19 December 2005

Maybe It Isn't Just Us

A recent article in The Boston Globe posed the question "Are colleges failing?" (user id: bugmenot@123.com; password: bugmenot) The standards movement over the last several years was in part driven by colleges and universities claiming that entering students were woefully unprepared for the rigors of post-secondary education. And while this may in part be true, no one has asked (until now), just what colleges are doing to support student learning. The author of the Globe article believes that colleges are not doing much. He states that current eductional research shows that
  • Most college seniors do not think that they have made substantial progress in improving their competence in writing or quantitative methods, and some assessments have found that many students actually regress.
  • Students who start college with average critical thinking skills only tend to progress over the next four years from the 50th percentile of their class to approximately the 69th percentile. Most undergraduates leave college still inclined to approach unstructured ''real life" problems with a form of primitive relativism, believing that there are no firm grounds for preferring one conclusion over another.
  • Further studies indicate that problem-based discussion, group study, and other forms of active learning produce greater gains in critical thinking than lectures, yet the lecture format is still the standard in most college classes, especially in large universities. Other research has documented the widespread use of other practices that impede effective learning, such as the lack of prompt and adequate feedback on student work, the prevalence of tests that call for memory rather than critical thinking, and the reliance on teaching methods that allow students to do well in science courses by banking on memory rather than truly understanding the basic underlying concepts.

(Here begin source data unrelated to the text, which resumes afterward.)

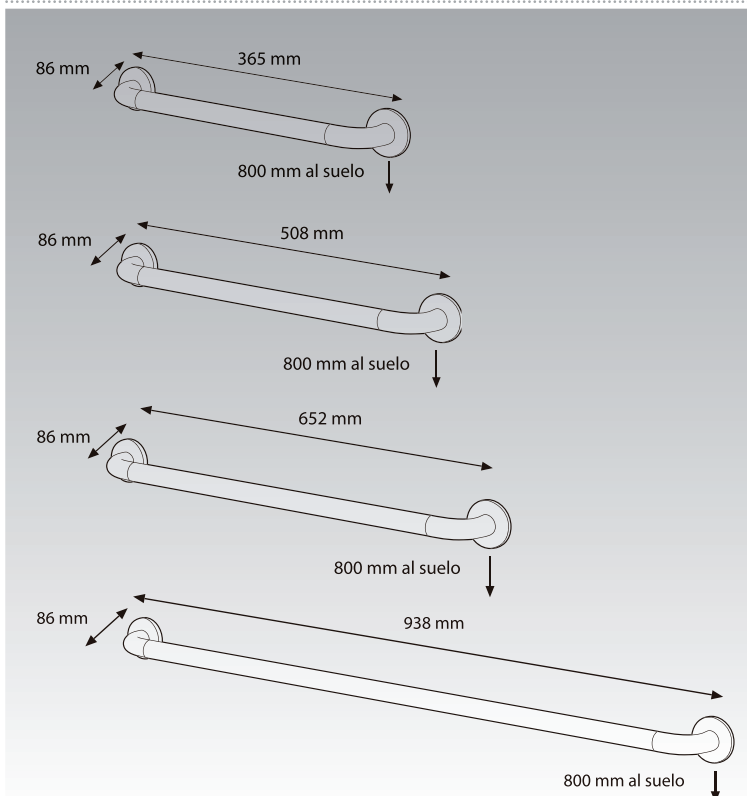

PRESTOBAR 285 / 430 / 570 / 860

Barra recta para ducha, baño, inodoro, pasillo, etc. Fabricada en aluminio recubierto de nylon.

Las barras de apoyo y ayudas técnicas PRESTOBAR han sido diseñadas con la doble funcionalidad de prevenir los posibles accidentes que puedan ocurrir en baños y a su vez proporcionar puntos de apoyo y sujeción que otorguen mayor autonomía y seguridad a las personas con movilidad reducida.

Todas las barras, pasamanos y ayudas técnicas están fabricadas en aluminio de alta resistencia recubierto de una gruesa capa de nylon blanco con un diámetro de agarre de 35 mm.

CARACTERÍSTICAS

- Diseños de alta calidad gracias a la ligereza y robustez del aluminio junto con el calor y el agradable tacto del nylon.
- Sistema de fijación oculto bajo los embellecedores para evitar el vandalismo y mejorar la estética.
- Color blanco azul o gris, con posibilidad de hacerse en resto de colores RAL.
- Ultraligeras, irrompibles e inalterables.
- Diámetro exterior: 35 mm.
- Amplia gama de modelos que cubren todas las necesidades del baño, corredores, escaleras, etc.
- No es necesario colocar toma de tierra.

• Ref. 89285

Dimensiones: 365 mm.

• Ref. 89570

Dimensiones: 652 mm.

• Ref. 89430

Dimensiones: 508 mm.

• Ref. 89860

Dimensiones: 938 mm.

People pay a lot of money in order to get a degree. Wouldn't we think that there would be more for the money besides a piece of paper? Why isn't there?

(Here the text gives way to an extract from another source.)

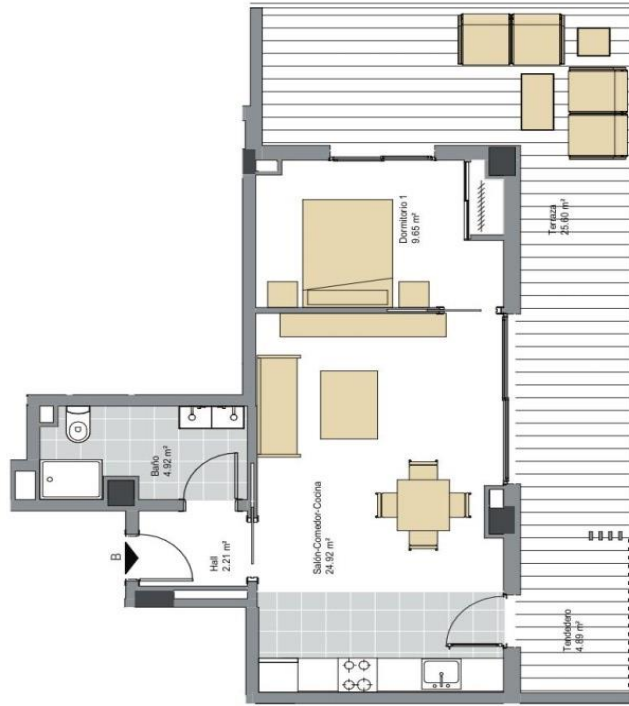

AQ Jardins del Forum

Some of the answer may be related to the lack of teacher prep PhD candidates receive. They do get a lot of experience with conducting research, but little in pedagogy. Perhaps faculty is resistant to letting in "best practices" through the college doors. There would have to be a great deal of time devoted to restructuring classes away from 3 hours of lecture per week.

But what of the future? What if we (America) start to actually graduate a hefty percentage of students who can read critically, think mathematically, write fluently, and reason scientifically...yet a greater share of the global economy doesn't come our way because college doesn't further those skills? Will the public put more pressure on colleges and universities to produce a different sort of graduate? Will students and parents demand more for their money?

Maybe it isn't just us---the public school system---that is failing to turn out citizens ready to compete in today's world.